I need to sort a huge MyISAM table in a certain way so that SELECTs are faster under certain conditions.
Please note that this question is about how to do an ALTER table with zero downtime for SORTING the table in some specific column order. It is not a dup question of other questions asking about the more general case.
A simple way to achieve this is doing something like this:
ALTER table mytable ORDER BY col1, col2;
We may also use myisamchk --sort-records to achieve the same result.
In any case, both approaches let us to do very quick:
SELECT * WHERE col1=x order by col2;
Note that this is not a problem with the index but with fetching large amounts of ordered data from the table.
So far that ALTER has been working well. The problem now is that the ALTER command is slow and it locks the DB.

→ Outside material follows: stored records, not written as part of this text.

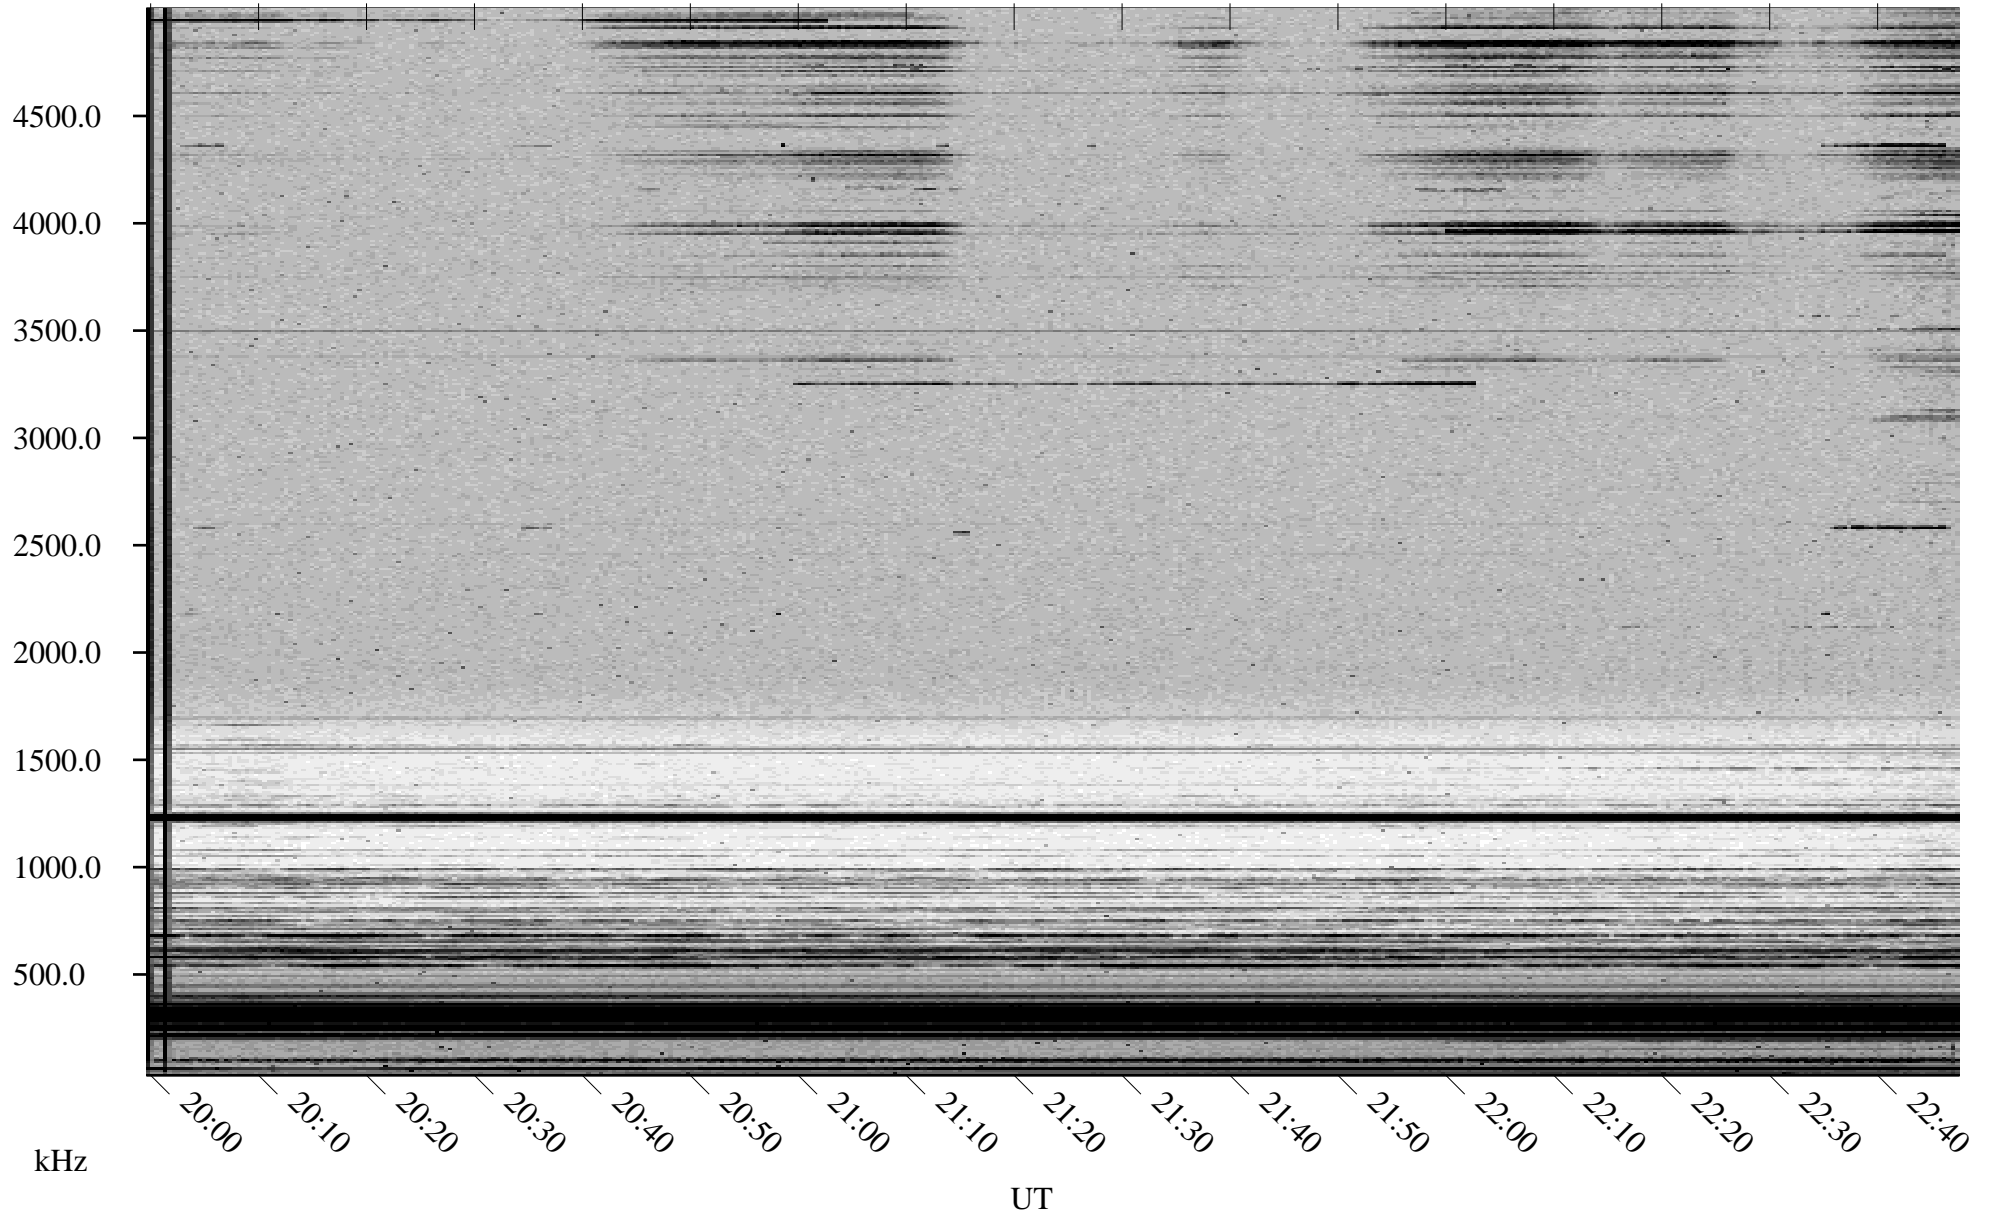

# 11/13/2002 Churchill, Manitoba

Linear Scale    Black = 161    White = 15

ch02317l.r00m max\_12

Page 1

# 11/13/2002 Churchill, Manitoba

Linear Scale    Black = 161    White = 15

ch02317l.r00m max\_12

Page 2

# 11/14/2002 Churchill, Manitoba

Linear Scale    Black = 161    White = 15

ch02317l.r00m max\_12

Page 3

# 11/14/2002 Churchill, Manitoba

Linear Scale    Black = 161    White = 15

ch02317l.r00m max\_12

Page 4
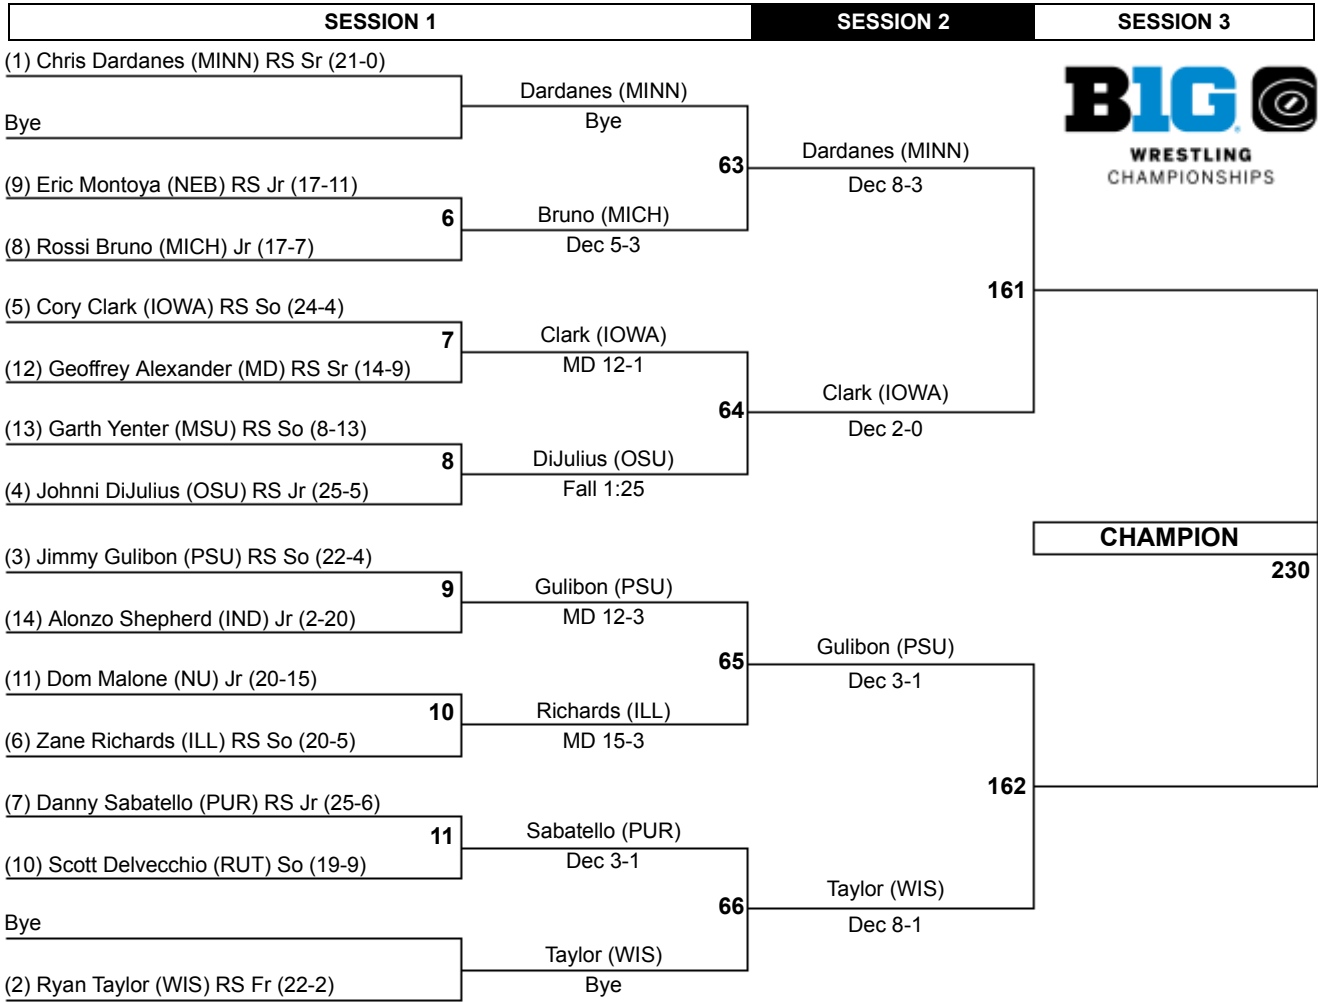

2015 Big Ten Wrestling Championships

125

2015 Big Ten Wrestling Championships

133

2015 Big Ten Wrestling Championships

141

2015 Big Ten Wrestling Championships

149

2015 Big Ten Wrestling Championships

157

2015 Big Ten Wrestling Championships

165

2015 Big Ten Wrestling Championships

174

2015 Big Ten Wrestling Championships

184

Loser of 187 Loser of 211
 Loser of 188 Loser of 212

224 **250**

7TH **5TH**

2015 Big Ten Wrestling Championships

197

2015 Big Ten Wrestling Championships

285
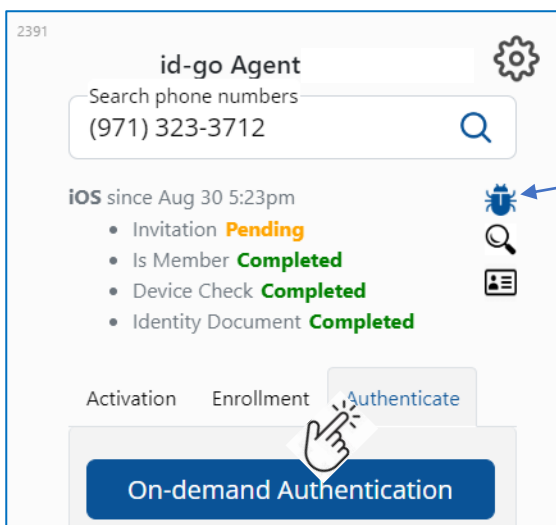

New UI – available in UAT

Enroll Member, Approve Code, On-Demand Authentication functions can be accessed via “buttons” or from drop down menu.

id-go Agent UI revision - 4

Previous UI

New UI – available in UAT

id-go Agent UI revision - 5

Previous UI

New UI – available in UAT

id-go Agent UI revision - 6

Previous UI

New UI – available in UAT

id-go Agent UI revision - 7

Previous UI

New UI – available in UAT

id-go Agent UI revision - 8

Previous UI

New UI – available in UAT

id-go Agent UI revision - 9

Previous UI

New UI – available in UAT
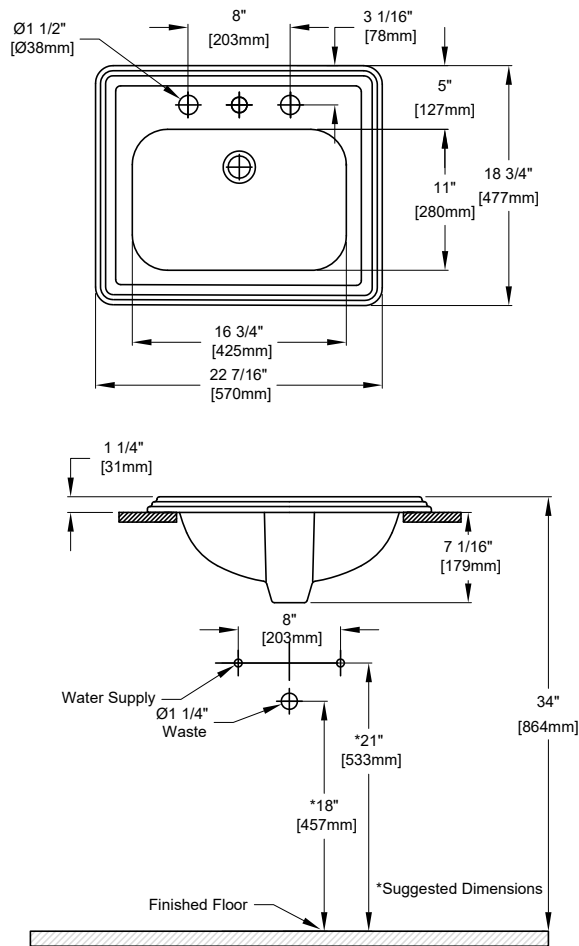

LT531

Promenade® Self-Rimming Lavatory

SPECIFICATIONS

- Waste 1-1/4" O.D.
- Size 22-1/2"W x 18-3/4"D
- Basin 16-3/4"W x 11"D
- Warranty One Year Limited Warranty
- Material Vitreous china
- Shipping Weight 28 lbs.
- Shipping Dimensions 25-5/8"W x 21-7/8"D x 10-1/4"H

INSTALLATION NOTES
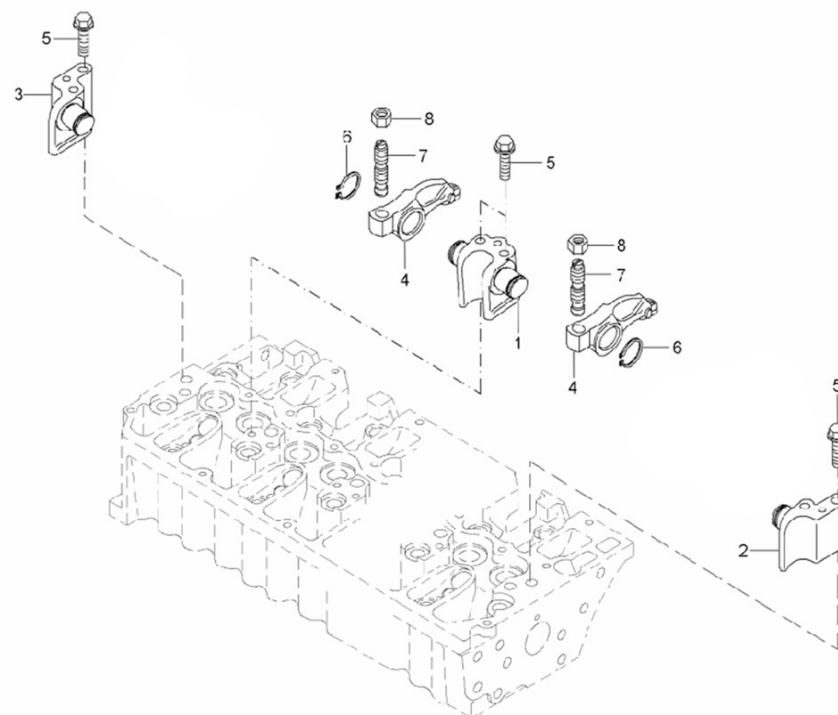

D_GJ01_1_3

Valve Drive

Fig.	Ref.	Qty.	Descr.	Obs	From	UpTo
1	19422045	3	Rocker ARM Bracket			
2	19422045.1	1	Rocker ARM Bracket			
3	19422045.5	1	Rocker arm bracket			
4	19422042	8	Rocker ARM			
5	19422053	10	HEXAGON Bolt			
6	19422047	8	CIRClip			
7	19622044	8	Screw Adjusting			
8	19422052	8	Nut

I believe we may use percona or openark tools for doing the same operation. Something like this:
pt-online-schema-change --alter "ENGINE=MyISAM, ORDER BY col1, col2" D=mydatabase,t=mytable -u root --dry-run
This internally creates a new table copies it and then moves names. It is pretty well documented.
However I'm not sure if/how percona will honour the "ORDER BY". I cannot see anything happening in the dry-run logs (but this may be normal). And this is not explained in the documentation.
Does anyone know how will percona ORDER BY the table?
- Will it do the ordering on the new table (_mytable_new) after mytable is copied and before renaming?
- Will it do the ordering during the copy from mytable as in "INSERT INTO _mytable_new SELECT * FROM mytable ORDER BY col1, col2"?
- Or perhaps "ORDER BY" will never be done?
EDIT: I launched PTDEBUG=1 ./pt-online-schema-change --alter "ENGINE=MyISAM, ORDER BY col1, col2"
on the tests server.
After checking the logs I found out that "ORDER BY" is not being applied... Any ideas? Does openark permit to do so?
Thanks!